_What you need to do_.
From the listing below, extract each line containing the string "channel".
--
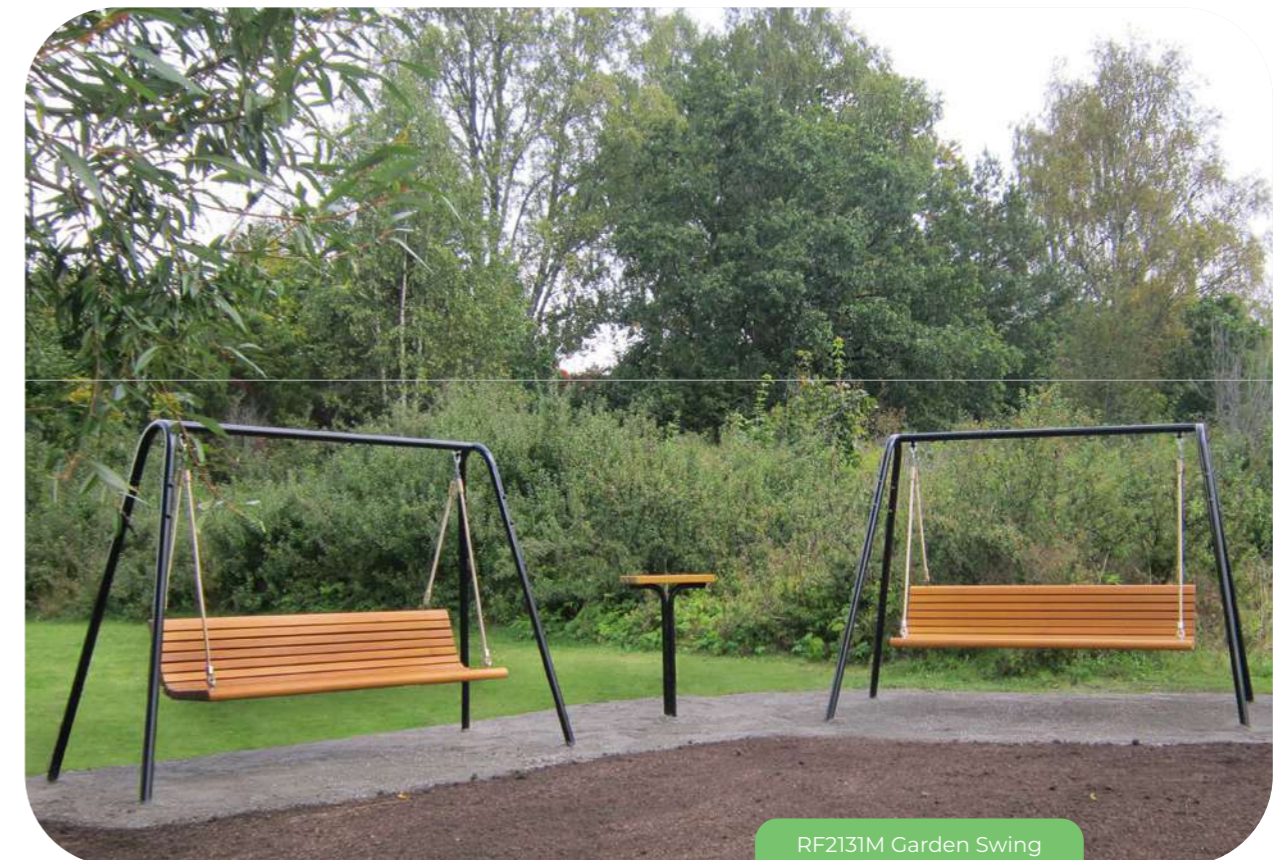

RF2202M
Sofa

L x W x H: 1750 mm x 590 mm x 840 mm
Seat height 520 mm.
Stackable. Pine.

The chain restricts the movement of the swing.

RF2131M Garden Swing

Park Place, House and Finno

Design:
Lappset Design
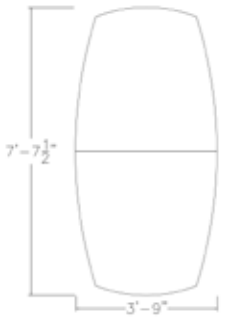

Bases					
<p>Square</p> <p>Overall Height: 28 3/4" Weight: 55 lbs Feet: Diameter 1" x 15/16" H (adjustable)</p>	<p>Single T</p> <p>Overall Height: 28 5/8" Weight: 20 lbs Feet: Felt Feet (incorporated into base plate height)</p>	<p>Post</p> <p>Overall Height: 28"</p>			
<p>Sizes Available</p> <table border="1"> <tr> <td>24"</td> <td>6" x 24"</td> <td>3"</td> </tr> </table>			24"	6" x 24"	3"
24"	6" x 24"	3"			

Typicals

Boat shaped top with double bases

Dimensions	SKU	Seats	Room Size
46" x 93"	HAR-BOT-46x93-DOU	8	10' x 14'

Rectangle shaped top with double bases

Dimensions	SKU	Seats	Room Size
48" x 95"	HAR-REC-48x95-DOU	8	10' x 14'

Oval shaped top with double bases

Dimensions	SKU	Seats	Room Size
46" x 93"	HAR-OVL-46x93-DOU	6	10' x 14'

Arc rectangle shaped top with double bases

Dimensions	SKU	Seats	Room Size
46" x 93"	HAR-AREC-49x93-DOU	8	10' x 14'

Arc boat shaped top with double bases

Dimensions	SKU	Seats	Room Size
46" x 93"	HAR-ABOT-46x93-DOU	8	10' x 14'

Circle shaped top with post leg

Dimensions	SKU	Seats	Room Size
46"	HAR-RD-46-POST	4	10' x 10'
--
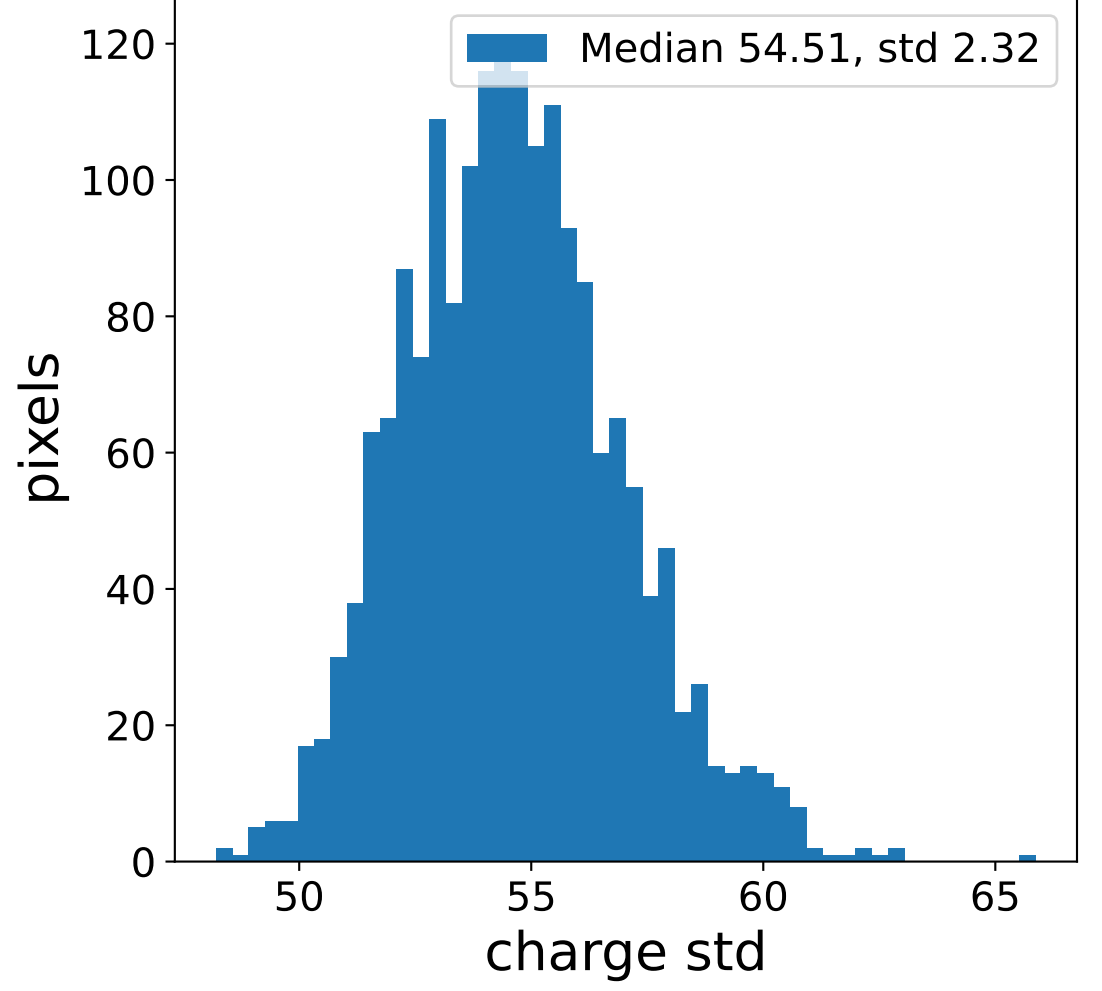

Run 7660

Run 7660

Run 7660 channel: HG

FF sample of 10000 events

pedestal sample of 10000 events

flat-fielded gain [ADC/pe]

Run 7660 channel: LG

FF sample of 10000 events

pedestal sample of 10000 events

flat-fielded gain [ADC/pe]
--
_Completed task_.
Run 7660 channel: HG
Run 7660 channel: LG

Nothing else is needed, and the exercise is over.